About this task =>
The reply should reproduce every line of the data below word for word, minus any images.

Exercise data =>
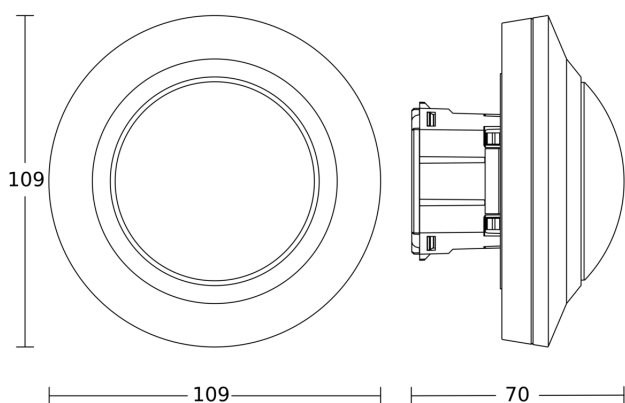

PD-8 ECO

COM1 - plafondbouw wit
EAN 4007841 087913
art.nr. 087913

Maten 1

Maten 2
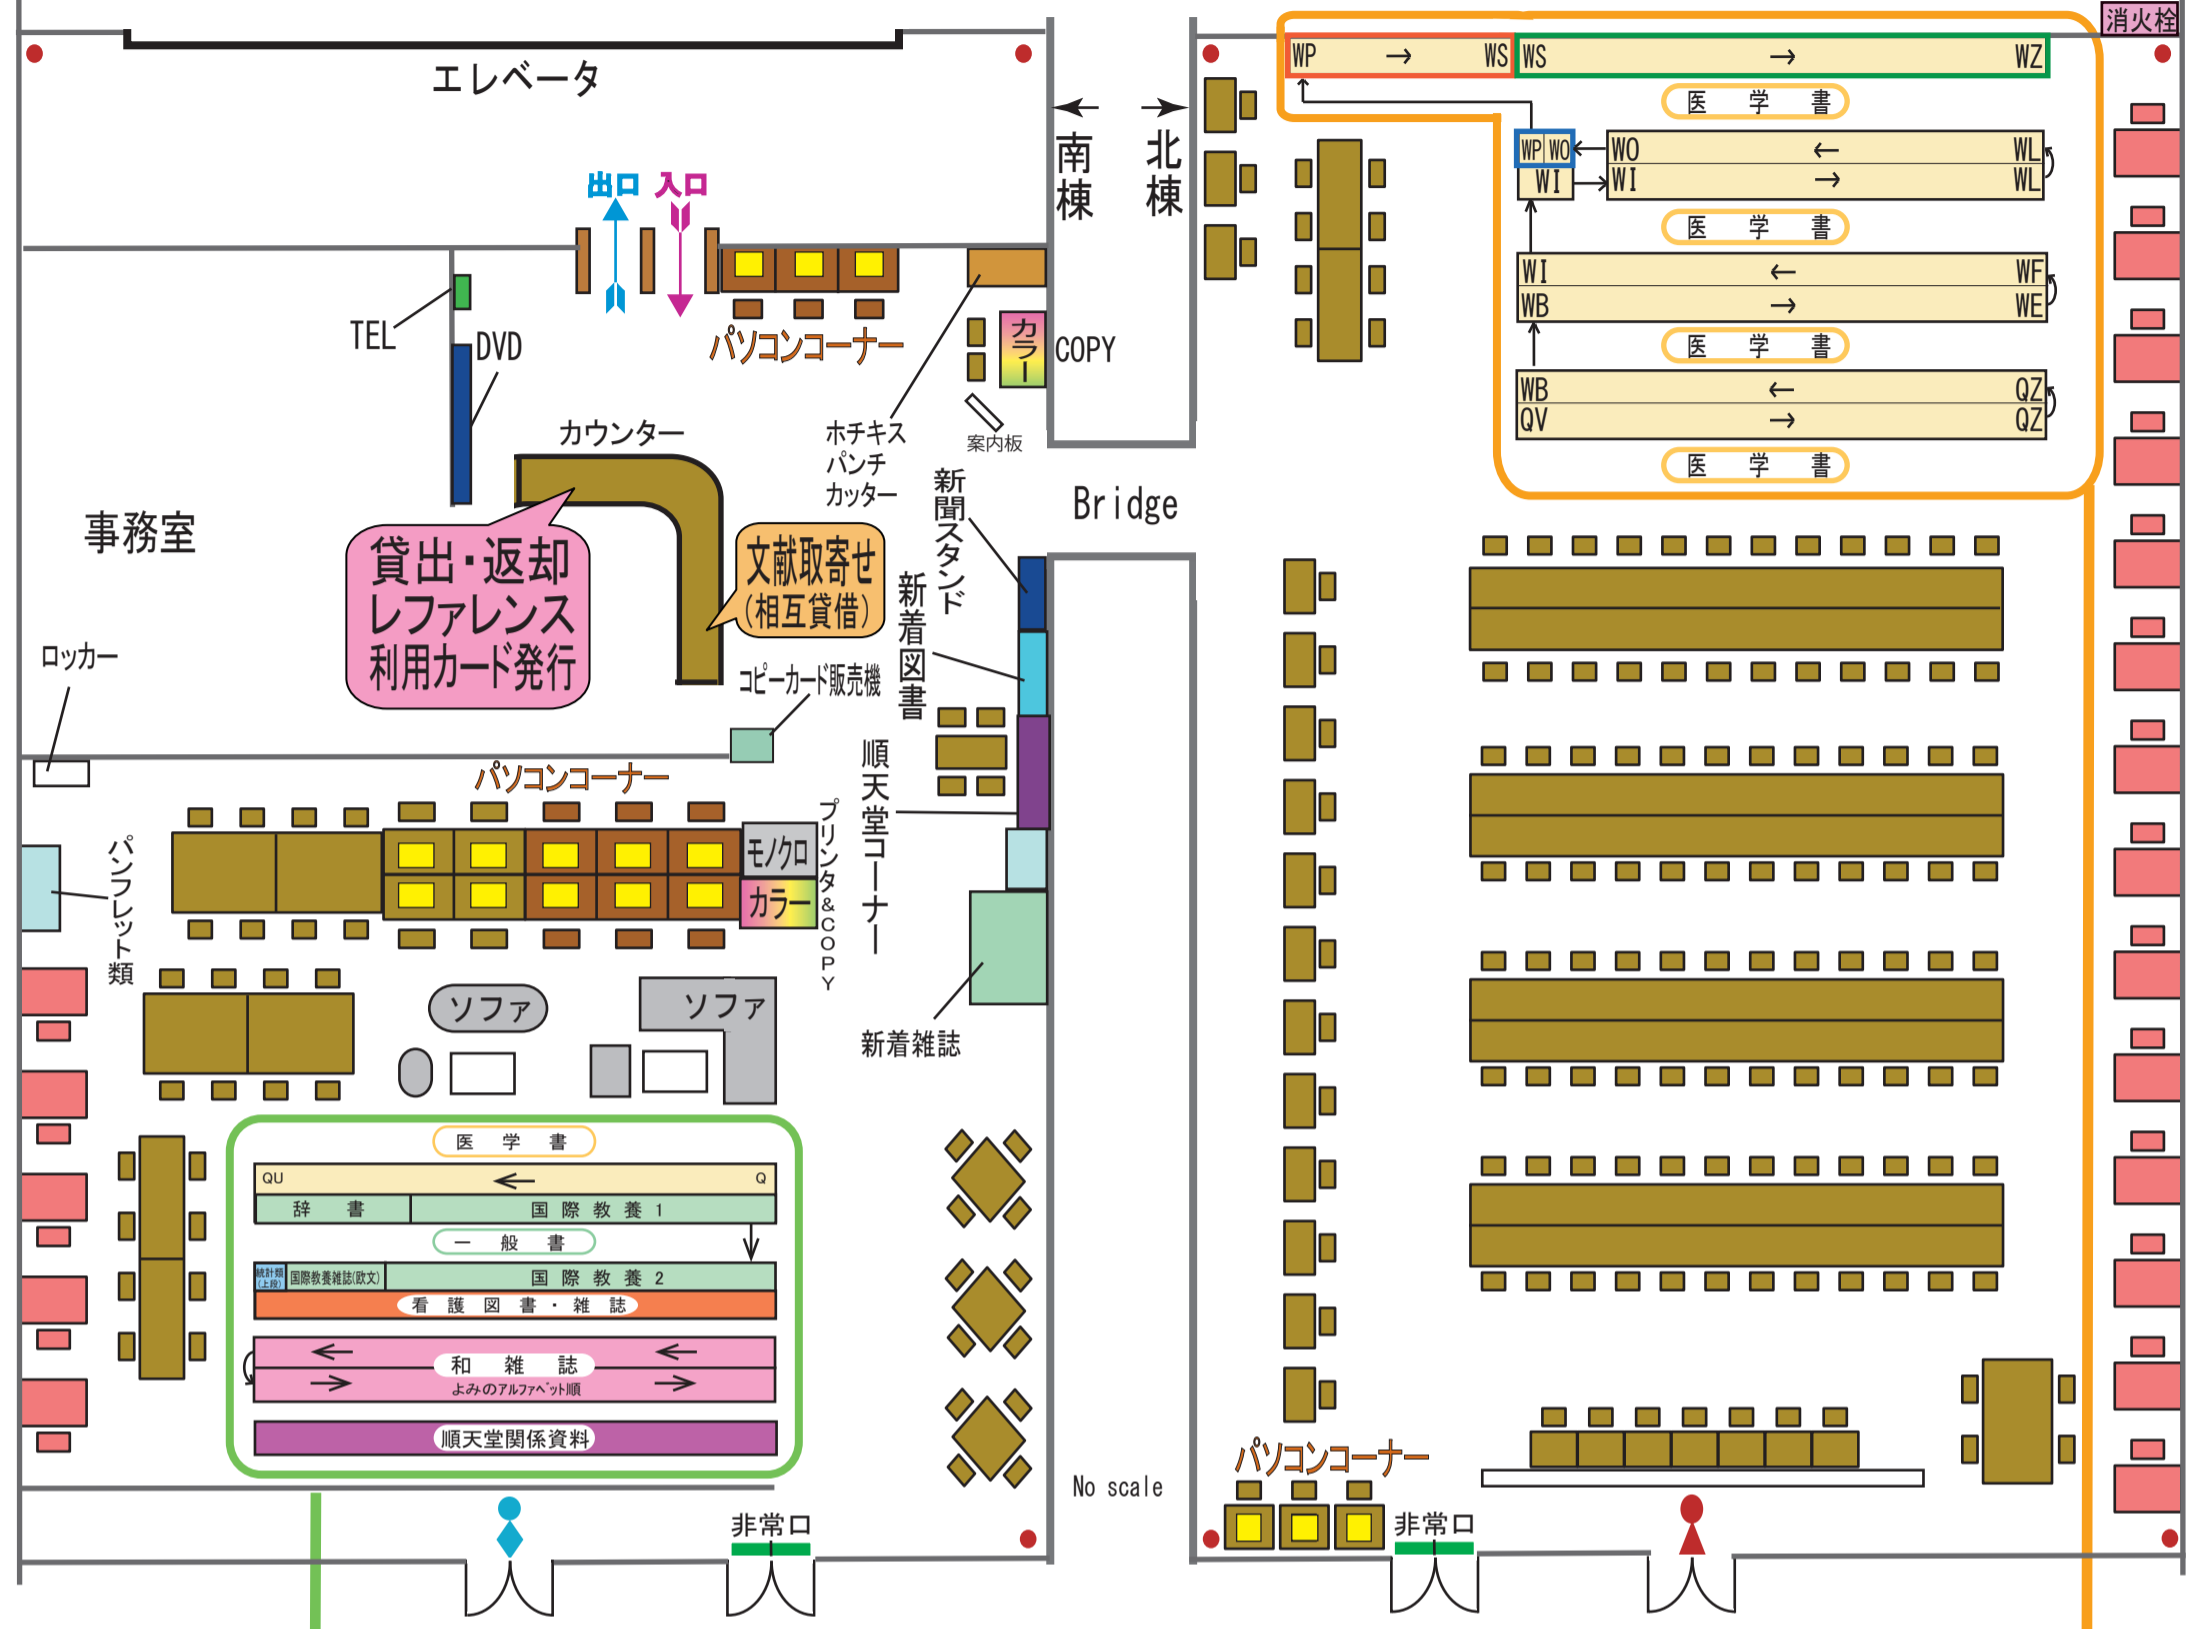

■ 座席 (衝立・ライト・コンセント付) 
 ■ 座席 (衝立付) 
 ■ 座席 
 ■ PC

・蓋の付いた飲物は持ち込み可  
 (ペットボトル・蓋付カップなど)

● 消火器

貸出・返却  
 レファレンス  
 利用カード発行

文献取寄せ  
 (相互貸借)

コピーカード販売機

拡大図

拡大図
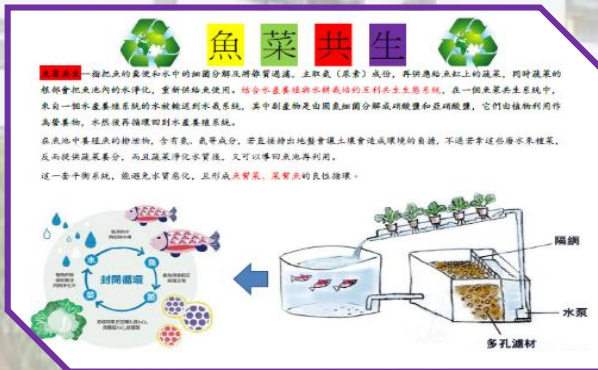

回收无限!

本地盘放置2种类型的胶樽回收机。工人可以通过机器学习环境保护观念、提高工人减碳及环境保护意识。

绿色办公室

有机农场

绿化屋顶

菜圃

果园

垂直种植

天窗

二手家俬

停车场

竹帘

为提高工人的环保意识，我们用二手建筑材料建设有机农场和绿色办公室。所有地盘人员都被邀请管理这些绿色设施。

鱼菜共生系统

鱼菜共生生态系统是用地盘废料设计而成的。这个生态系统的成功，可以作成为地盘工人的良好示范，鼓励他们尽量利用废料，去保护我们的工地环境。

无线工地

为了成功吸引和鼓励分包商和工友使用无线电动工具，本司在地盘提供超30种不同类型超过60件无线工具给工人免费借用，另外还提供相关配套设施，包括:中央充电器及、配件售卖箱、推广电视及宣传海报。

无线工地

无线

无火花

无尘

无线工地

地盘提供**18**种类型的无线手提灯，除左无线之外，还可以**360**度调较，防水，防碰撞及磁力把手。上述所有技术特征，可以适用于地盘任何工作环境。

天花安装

Answer box =>
PD-8 ECO

COM1 - plafondbouw wit
EAN 4007841 087913
art.nr. 087913

Maten 1

Maten 2

■ 座席 (衝立・ライト・コンセント付) 
 ■ 座席 (衝立付) 
 ■ 座席 
 ■ PC

・蓋の付いた飲物は持ち込み可  
 (ペットボトル・蓋付カップなど)

● 消火器

貸出・返却  
 レファレンス  
 利用カード発行

文献取寄せ  
 (相互貸借)

コピーカード販売機

拡大図

拡大図

回收无限!

本地盘放置2种类型的胶樽回收机。工人可以通过机器学习环境保护观念、提高工人减碳及环境保护意识。

绿色办公室

有机农场

绿化屋顶

菜圃

果园

垂直种植

天窗

二手家俬

停车场

竹帘

为提高工人的环保意识，我们用二手建筑材料建设有机农场和绿色办公室。所有地盘人员都被邀请管理这些绿色设施。

鱼菜共生系统

鱼菜共生生态系统是用地盘废料设计而成的。这个生态系统的成功，可以作成为地盘工人的良好示范，鼓励他们尽量利用废料，去保护我们的工地环境。

无线工地

为了成功吸引和鼓励分包商和工友使用无线电动工具，本司在地盘提供超30种不同类型超过60件无线工具给工人免费借用，另外还提供相关配套设施，包括:中央充电器及、配件售卖箱、推广电视及宣传海报。

无线工地

无线

无火花

无尘

无线工地

地盘提供**18**种类型的无线手提灯，除左无线之外，还可以**360**度调较，防水，防碰撞及磁力把手。上述所有技术特征，可以适用于地盘任何工作环境。

天花安装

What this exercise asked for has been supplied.